DEV Community

Cover image for Five Data-Driven Reasons To Add Visual AI To Your End-To-End Tests
Michael Battat
Michael Battat

Posted on • Updated on • Originally published at applitools.com

Five Data-Driven Reasons To Add Visual AI To Your End-To-End Tests

Do you believe in learning from the experiences of others? If others found themselves more productive adding Visual AI to their functional tests, would you give it a try?

In November 2019, over 3,000 engineers signed up to participate in the Applitools Visual AI Rockstar Hackathon. 288 completed the challenge and submitted tests – comparing their use of coded test validation versus the same tests using Visual AI. They found themselves with better coverage, faster test development, more stable test code, with easier code test code maintenance.

On April 23, James Lamberti, CMO at Applitools, and Raja Rao DV, Director of Growth Marketing at Applitools, discussed the findings from the Applitools Hackathon submissions. The 288 engineers who submitted their test code for evaluation by the Hackathon team spent an average of 11 hours per submission. That’s over 3,000 person-hours – the equivalent of 1 ½ years of engineering work.

Over 3000 participants signed up. They came from around the world.

Alt Text

They used a variety of testing tools and a range of programming languages.

Alt Text

In the end, they showed some pretty amazing results from adding Applitools Visual AI to their existing test workflow.

Describing the Hackathon Tests

Raja described the tests that made up the Hackathon.

Alt Text

Each test involved a side-by-side comparison of two versions of a web app. In one version, the baseline, the page rendered correctly. In the other version, the new candidate, the page rendered with errors. This would simulate the real-world issues of dealing with test maintenance as apps develop new functionality.
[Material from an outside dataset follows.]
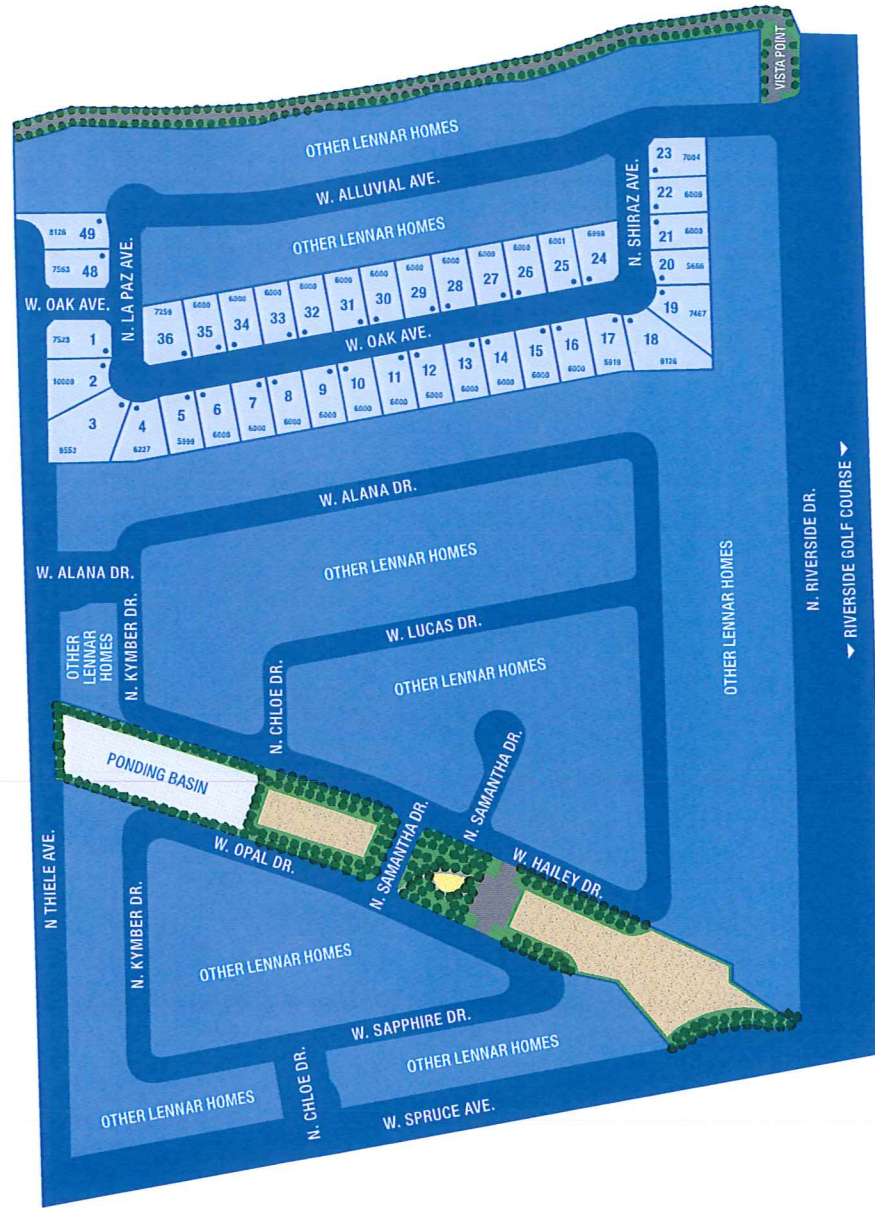

The Cambridge Collection at Elderberry on the Bluff

LENNAR.COM

Herndon & Riverside Drive, Fresno CA • 559-994-6567

Site plans and Community maps are conceptual in nature and are merely an artist's rendition. These maps are solely for illustrative purposes and should never be relied upon. THE PAST, PRESENT, FUTURE OR PROPOSED ROADS, EASEMENTS, LAND USES, CONDITIONS, PLAT MAPS, LOT SIZES OR LAYOUTS, ZONING, UTILITIES, DRAINAGE, LAND CONDITIONS, OR DEVELOPMENT OF ANY TYPE WHATSOEVER, WHETHER REFLECTED ON THE SITE PLAN OR MAP, OR WHETHER OUTSIDE THE BOUNDARIES OF THE SITE PLAN OR MAP, MAY NOT BE SHOWN OR MAY BE INCOMPLETE OR INACCURATE. THE PRESENT, FUTURE OR PROPOSED ROADS, EASEMENTS, LAND USES, CONDITIONS, PLAT MAPS, LOT SIZES OR LAYOUTS, ZONING, DRAINAGE, LAND CONDITIONS, OR DEVELOPMENT OF ANY TYPE MAY OR MAY NOT CHANGE IN THE FUTURE. IT IS NOT UNCOMMON THAT ANY OF THE FOREGOING CAN CHANGE WITHOUT NOTICE TO YOU. YOU SHOULD NEVER RELY ON THE ACCURACY OF THIS MAP IN MAKING ANY DECISIONS RELATIVE TO PURCHASING ANY PROPERTY. We reserve the right to make changes at any time without notice. Lennar Fresno, Inc. d/b/a Cambridge Homes - License #821180. Lennar Sales Corp. - BRE License #01252753. Copyright © 2013 Lennar Corporation. All rights reserved. Lennar and the Lennar logo are registered service marks or service marks of Lennar Corporation and/or its subsidiaries. 8/13

Hackathon participants had to write code that did the following:

  • Ensure the page rendered as expected on the baseline.
  • Capture all mistakes in the page rendering on the new candidate
  • Report on all the differences between the baseline and the new candidate

Also, Hackathon participants needed to realize that finding a single error on a page met the necessary – but not sufficient condition for testing. A single test that captures all the problems at once has a faster resolution time than running into multiple bug capture/fix loops. Test engineers needed to write tests that captured all the test conditions, as well as properly reporting all the failures.

Hackathon participants would code their test using a conventional test runner plus assertions of results in the output DOM. Then, they used the same test runner code but replaced all their assertions with Applitools Visual AI comparisons.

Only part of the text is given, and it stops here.